Sorumluluklardan bahsetmek için öncelikle bu savaşı tanımlamamız lazım. Bizde sizler gibi savaşta olup bitenleri izlediğimizde büyük acı duyuyoruz. 50.000 dem fazla şehit var. Ama mukaddesatımızı kurtarmak için yapılan bu fedakarlıklar çok sayılmaz. Burda bizim dikkat etmemiz gereken yol nedir, ne yapabiliriz? O konuda hırslı, gayretli olmamız gerekir. Şehitlerin çok oluşu aslında sorun değil, belki milyon şehit vermemiz gerekir. Burda en büyük sıkıntı tüm sorumluluğu Gazzelilere bırakmış olmamızdır. Cezayir’in özgürlüğünde 1 milyondan fazla insan şehit oldu. Vietnam’ın özgürlüğü için 2 milyon kişi öldü. Aslında en büyük zillet Aksa Tufanı’ndan önce her şey güllük gülistanlıktı da Aksa Tufanı’yla mı şehitler olmaya başladı. Hayır. 100 yıldır bize düşen hep öldürülmekti. Ama ilk defa Aksa Tufanı ile evet öldürüldük ama öldürmeye de başladık. Bedeli ağır olacak ama teslim olmayacağız, silah bırakmayacaklar.

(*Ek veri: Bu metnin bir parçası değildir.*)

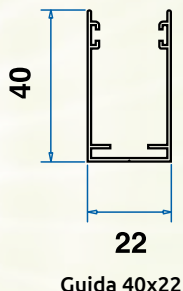

Ingombri, Opzioni e Caratteristiche Tecniche

Genius
46 millimetri

	GENIUS 46mm STANDARD	GENIUS 46mm XL
Larghezza Min/Max	cm 50/200 cm 230 con profilo di rinforzo	cm 200/300
Altezza Min/Max	cm 50/280	cm 50/170
Testata Flottante	non disponibile	di serie
Profilo di Rinforzo	opzionale	obbligatorio
Freno	opzionale* L. min/max 55/160	non disponibile
Rete Nera	opzionale	opzionale
Rete Alta Resist. nera Gtot <0,35	opz. Max: L.180 H. 150	non disponibile
Spazzolino Antivento	opzionale	opzionale
Sistema WindLock1	opzionale	opzionale

Note:

* secondo normativa europea, freno di serie per le zanzariere verticali con altezza maggiore di **180cm**. Larghezza min/max per l'inserimento del freno nel modello Genius46: **55/160cm**. Non è possibile utilizzare il freno nella zanzariera verticale se si utilizza già lo spazzolino antivento.

Per disponibilità di tessuti alternativi (filtranti-oscuranti e reti Gtot<0,35) vedi la tabella a pagina 63. Per disponibilità colori profilo di rinforzo vedi tabella a pagina 62.

IN LUCE

Note:

* secondo normativa europea, freno di serie per le zanzariere verticali con altezza maggiore di **180cm**. Larghezza min/max per l'inserimento del freno nel modello Kitty/G: **55/160cm**. Non è possibile utilizzare il freno nella zanzariera verticale se si utilizza già lo spazzolino antivento.

Per disponibilità di tessuti alternativi (filtranti-oscuranti) vedi la tabella a pagina 63. Per disponibilità colori profilo di rinforzo vedi tabella a pagina 62.

Kitty/G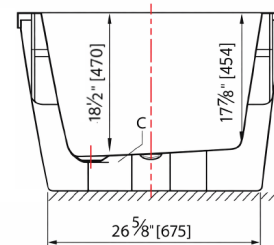

DESCRIPTION

Bain autoportant en acrylique

CARACTÉRISTIQUES

Dimensions: 65 3/4" X 34" X 22 1/2" (1670 X 864 X 483mm)

Avec appui-bras

Acrylique renforcée en fibre de verre 3mm

CERTIFICATIONS

CUPC

CSA B45.5-22/IAPMO Z124-2022

COULEURS (FINIS)

Blanc

GARANTIE

Les bains NOVITA sont garantis contre tout défaut de fabrication pour une période de un (1) an à compter de la date d'achat, dans des conditions normales d'utilisation et d'entretien. La garantie s'applique uniquement si l'installation est effectuée par un maître plombier qualifié.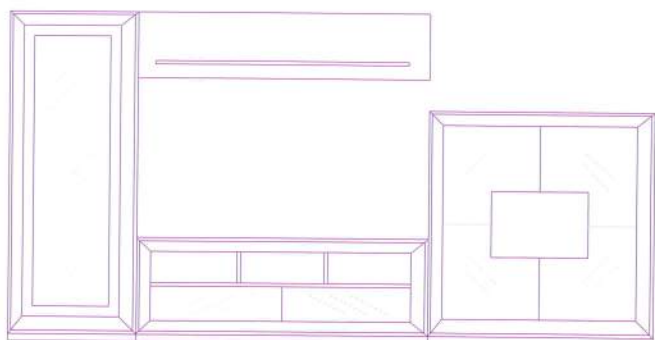

Composición N° 6

Código	Descripción	Puntos estándar	Puntos decorado
1064	Mod. botellero	419	461
1160	Mesa TV. 150	330	363
1151	Panel 1 est. cristal	99	109
1029	Mod. pta cristal	390	429

Ancho	Alto	Fondo	Puntos estándar	Puntos decorado
334	170	45	1238	1362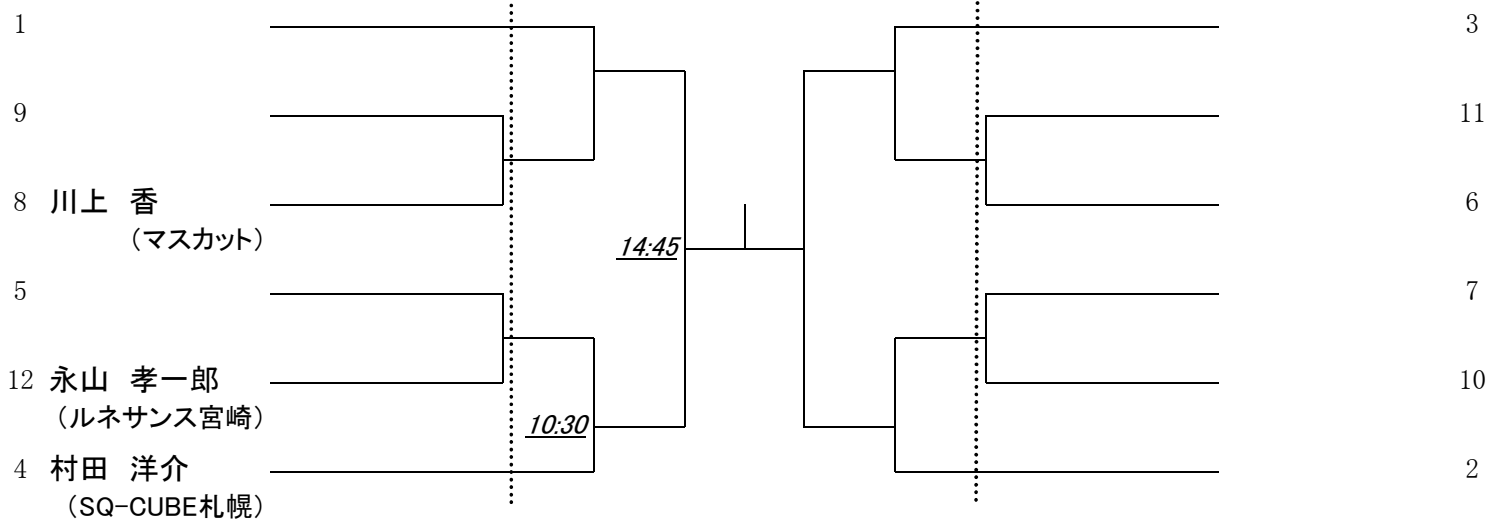

第18回 中・四国オープン マスターズ男子プレート

27日(土) 28日(日) 27日(土)

初戦敗退者でプレート参加希望者は、各自で27日(土)16時までに本部でドロー抽選を行って下さい。

Aslında biz müslümanlar olarak savaşı sevmeyiz. Rabbimiz de öyle buyuruyor, hoşunuza gitmediği halde savaş size farz kılındı. Bu konuda ümmet üçe ayrılmış durumda. 

1. Daeş kafalılar. 

2. Teslim olalım diyip, zilleti tercih edenler.

3. Evet biz barış istiyoruz ama bize saldırıldığı zaman biz de mücadele ederiz diyenler.

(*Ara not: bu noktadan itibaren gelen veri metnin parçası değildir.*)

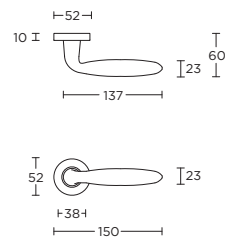

sprung lever handle attached to plate with metal sub-rose

deurkruk vast-draaibaar geveerd op rozet met metalen onderconstructie

- LBN50D
- LBY50D
- LBB50
- LBWC50D

satin stainless steel

satin black

PVD gunmetal

bronze

PVD satin gold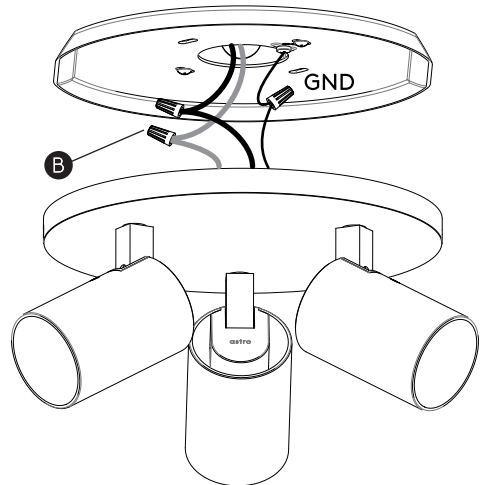

1

TURN OFF POWER
Couper Le Courant! / Corte La Corriente!

2

3

WHITE SUPPLY WIRE / NEUTRAL WHITE OR IDENTIFIED FIXTURE WIRE UL LISTED WIRE NUTS	FILS DE COURANT BLANC / NEUTRE FILS DE CONNECTEUR BLANC OU IDENTIFIABLE COINCEUR DE RELAIS UL QUALIFIE	CABLE DE SUMINISTRO BLANCO / NEGATIVO CABLE A LÁMPARA BLANCO / NEGATIVO CONOS ELÉCTRICOS
BLACK SUPPLY WIRE PLAIN OR BLACK FIXTURE WIRE	FILS DE COURANT NOIR FILS DE CONNECTEUR NOIR OU SANS MARQUES	CABLE DE SUMINISTRO NEGRO CABLE A LÁMPARA NEGRO
BARE, OR GREEN GROUND WIRE FROM SUPPLY BARE, OR GREEN FIXTURE GROUND WIRE	FILS VERT OU NEUTRE DU COURANT FILS VERT OU NEUTRE	CABLE DESNUDO / VERDE TIERRA FÍSICA DEL SUMINISTRO CABLE A LÁMPARA VERDE / TIERRA FÍSICA
BARE, OR GREEN GROUND WIRE FROM SUPPLY OR GREEN GROUND SCREW	FILS VERT OU NEUTRE DU COURANT OU VIS DE TERRE VERTE	CABLE DESNUDO / VERDE TIERRA FÍSICA DEL SUMINISTRO OU TORNILLO VERDE DE TIERRA

4

5

6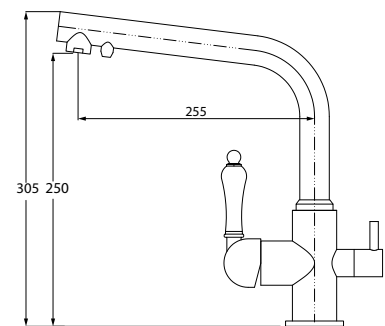

арт. 31144-3 Bronze

**Смеситель для кухни
однорычажный, боковой**

цвет: бронзовый
материал: латунь
картридж: $\varnothing$ 35 мм
излив: поворотный,
высокий,
под фильтр
дивертор: керамический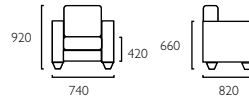

TV Cabinet
3302103

JUNO

Coffee Table
1329169

End Table
1309276

Console Table
1329173

FINLAND

- 109/541
- 109/680

ROBBIN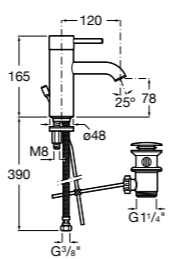

5A3011C00 Смеситель для раковины с аэратором, с донным клапаном и гибкой подводкой. Cold start.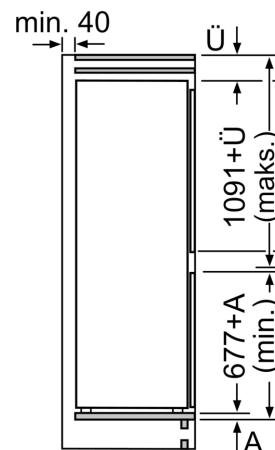

Dimensjoner

- Mål: H 177 x B 54 x D 55 cm
- Nisjemål(H x B x T): 177.5 cm x 56.0 cm x 55.0 cm

Teknisk informasjon

- Høyrehengslet dør, kan hengsles om
- Spenning: 220 - 240 V
- Klimaklasse: SN-ST
- Justerbare føtter foran, hjul bak
- Lengde av ledningen:230 cm

Tilbehør:

- 3 x Eggholder, 1 x Isterningsbrett

iQ100, Integret kombiskap, 177.2 x 54.1 cm, Glidehengsel
KI86V5SE1

Måltegninger

mål i mm

A: Air
B: Air
B1
A1

Angitte møbeldørmål med en dørfuge på 4 mm.

Ventilasjonsåpning ut min. 200 cm²

Kim ki daeş kafalıysa imanını sorgulasın. Kim ki zillet, teslim taraftarı ise imanını sorgulasın.

Sorumluluklardan bahsetmek gerekirse: İki tür sorumluluğumuz var: 

1. Uzun vadeli sorumluluklarımız.

2. Derhal, hemen, şimdi yapmamız gereken sorumlularımız.

A. Niyet

Her şeyden önce temel sorumluluğumuz Cihad niyetinde olmamızdır. Biz Allah’a iyi ki Gazzede değiliz diye hamdetmemeliyiz. Keşke ben de onların yanında olsaydım, keşke bende Aksa’yı savunsaydım niyetinde olmalıyız. Cihad niyetinde. 

Niyetin de üç aşaması var. 

1. İmani hazırlık. Bu da Kuran ve sünnete bağlılıkla olur.

2. Fikri ve akli hazırlık. 

3. Bedeni hazırlık.

B. Dua sorumluluğumuz.

C. Boykot sorumluluğumuz: Sadece israil mallarını değil onlarla iş birliği yapan ülkelerin mallarını da boykot edin, kardeşinizin malı olsa bile, önemli olan haksızlıkta yapmamak. Alakasız şirketlere de boykot yapılıyor.  

D. Sosyal medyayı kullanın: Tek kelime olsa bile yazın. Yürüyüş varsa yapın, faaliyetlere katılın. 

E. Mal ile Cihad Sorumluluğumuz: Tasadduktan bahsetmiyorum, herkes elinden gelenin en iyisini yapmalı ve verdiğimiz şeyi de küçümsememeliyiz. Bunu sadaka olarak görmeyin. Çünkü Gazzeliler insanların en şereflileridirler, onlara sadaka verilmez, onlara malın en iyisi iyisinden verilir ve ben sadaka verdim, zekat verdim, infak ettim gibi değil Cihad ettim malımla Cihad ettim diyeceksiniz.

Mallar, Yardımlar Gazze’ye Ulaşıyor mu?

Evet, kesin ve net bir şekilde söylüyorum. Ulaşıyor. Ama tafsilat istemeyin. Ben de bütün ulaşma yollarını bilmiyorum. Bir kaç tanesini biliyorum. Belki on tane, yirmi tane var. Belki de söylense kesilecek o yollar.